With the New Year just around the corner, many of us are already wondering what 2015 has in store for us. While it is certainly important to come up with your own New Year's Resolutions, Mr. Wonderful has been gracious enough to share (on LinkedIn) some of his advice for gaining more financial freedom in the upcoming year. Enjoy!

kevin o'leary new year
The New Year is almost here and you know what that means. A brand new set of financial challenges. In this economy, those challenges can seem bewildering. Thankfully, I can help you navigate those perilous waters so that you and your family hold on to as much as possible of that most precious of commodities: Money! Here are three New Year’s resolutions that will move you and your family further along the path to financial freedom.

1. Summarize All Your Spending

You already know how important it is to set aside some of your income - even if you start small - to invest and put to work towards building your wealth. But it's also easy to get tempted to spend more than you should. That's why you need discipline - and a great way to build discipline it is to prepare a monthly summary of all of your spending.

I’m not talking about your monthly bank statement (though you should pay attention to that, too). I want you to track all your spending so that you can better evaluate your decisions about your cash.
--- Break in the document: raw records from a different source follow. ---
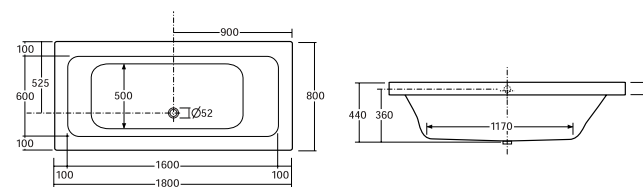

Sphinx 450 180 x 80

Duobad Sphinx 450 180 x 80 cm	H0C0.00	832,00	990,08
Duobad Sphinx 450 180 + Optimo Whirl links	H0C0.AL	2.632,00	3.132,08
Duobad Sphinx 450 180 + Optimo Whirl rechts	H0C0.AR	2.632,00	3.132,08
Duobad Sphinx 450 180 + Optimo Whirl + turbo links	H0C0.BL	3.032,00	3.608,08
Duobad Sphinx 450 180 + Optimo Whirl + turbo rechts	H0C0.BR	3.032,00	3.608,08
Duobad Sphinx 450 180 + Optimo Mix links	H0C0.CL	3.632,00	4.322,08
Duobad Sphinx 450 180 + Optimo Mix rechts	H0C0.CR	3.632,00	4.322,08
Duobad Sphinx 450 180 + Optimo Mix + turbo links	H0C0.DL	4.032,00	4.798,08
Duobad Sphinx 450 180 + Optimo Mix + turbo rechts	H0C0.DR	4.032,00	4.798,08
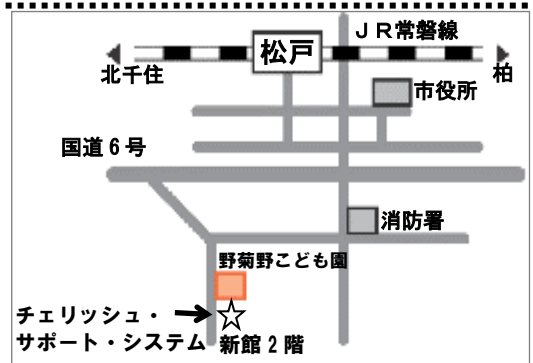

はなみずき子育て支援センター

はなみずきテレフォン 710-8070

あおば子育て支援センター

あおばテレフォン 387-5456

グレース子育て支援センター

グレーステレフォン 382-6182

社会福祉法人さわらび福祉会 子育て支援センター

チェリッシュ・サポート・システム

松戸市野菊野7-2 野菊野こども園 新館2階（エルダー野菊野横）

（松戸駅東口より新京成バス野菊野団地下車すぐ）

電話：047-308-5880 <月～金曜日 8：30～17：00>

（チェリッシュの問い合わせ・講座の予約・育児相談 など）

※駐車場がありませんので、なるべく公共交通機関や徒歩等での来館をお願いします。

『野菊野こども園 夏まつり』

7月22日（土）

時間：10：00～12：00
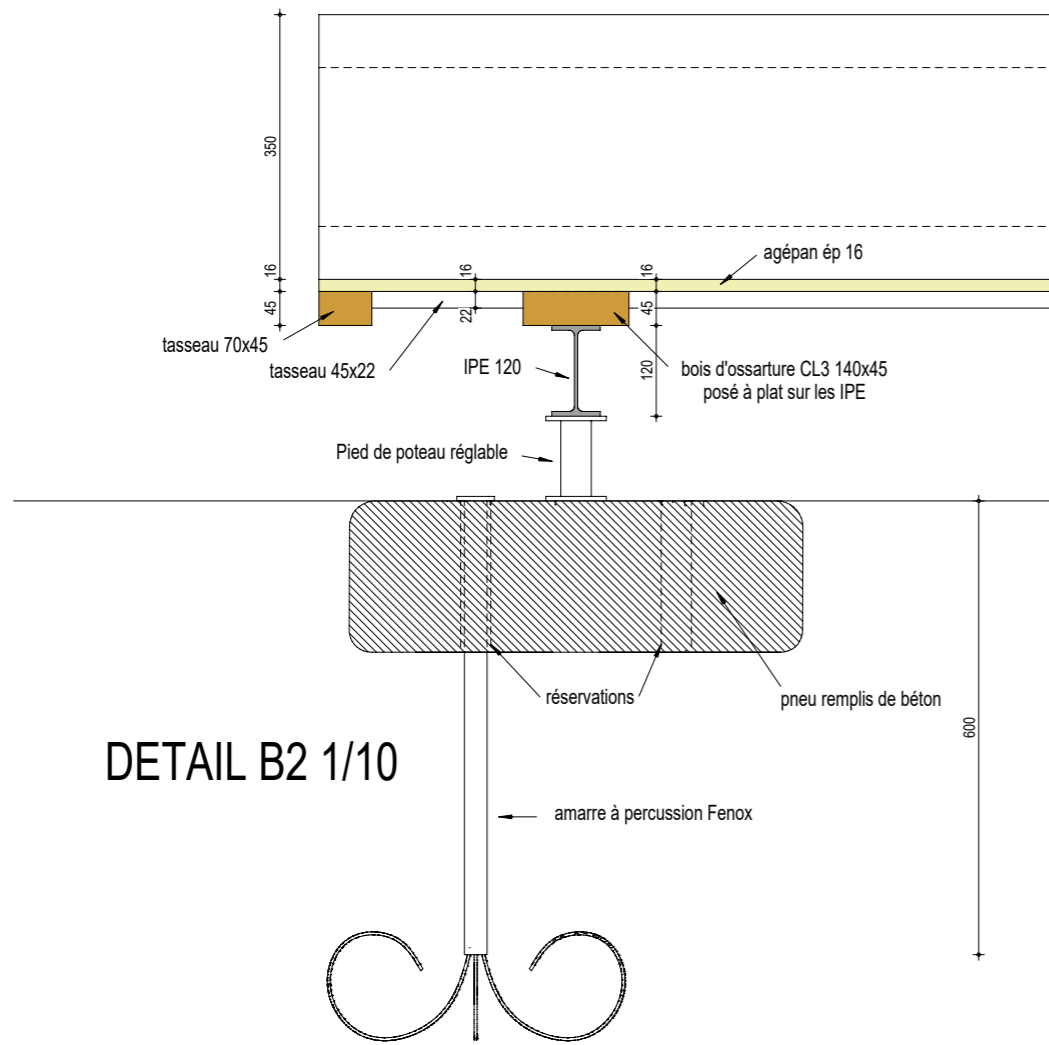

PRINCIPE CONSTRUCTIF

COUPE A - DETAILS A

Philippe Lenoir - 21 rue de Barbeneuve 37600 Loches - 06.82.22.48.44
 philippe.lenoir.dessinateur@gmail.com

02

PROJET

Ech. 1/50
1/10

27-11-2019

 	Association CoccilBois	03
	PRINCIPE CONSTRUCTIF	PROJET
	COUPE B - DETAILS B	Ech. 1/50 1/10
Philippe Lenoir - 21 rue de Barbeneuve 37600 Loches - 06.82.22.48.44 philippe.lenoir.dessinateur@gmail.com		27-11-2019

Plenty of tools can help you, from a pen and paper to spreadsheets or smartphone apps.

Once you start seeing these lists of where your precious money is going, you'll be amazed at how quickly you start thinking twice before spending what you should be investing.

2. Get More Yield from Your Assets

My mother taught me about the importance of limiting risk when it comes to money. One of the ways I do that is by prioritizing reliable, income-producing investments - the kind that pay regular dividends, interest or distributions. (Your financial adviser can tell you more about the pros and cons).

One of the great things about this strategy is that you don't need to worry as much about day-to-day stock price movements. But the best part is the feeling of knowing that your investments are regularly generating cash.

3. Make Sure Your Kids Know How to Manage Their Money

There's nothing like family to help motivate people when it comes to being smart with money. It makes sense - you're more driven to save and invest when you know that your savings will help your kids and grandkids – not just yourself. And you'll be more careful about big risks when you know that a bad decision can affect your family.

So, just as my mother taught me about money when I was young, I have done the same for my kids.

If you haven't done the same yet, get started this year. It's easier than you think - start by talking about money in general, so it's not a taboo subject. Have some conversations about the importance of saving over the long term. We all feel a responsibility to our families and there’s no reason that shouldn't include financial literacy.

Get Started

These three New Year’s resolutions are simple, but powerful. If you follow them, you’ll be surprised at how much you save for yourself and your family. They’re also easy to follow, so you have no excuse not to take these steps. You’ll thank me later.

[None of this content should be construed as investment advice, especially as they relate to any financial products I may represent. Investors should speak with their financial advisers for any investment advice and to discuss the risks of investing to any financial product. This represents my personal opinions and should be enjoyed as such.]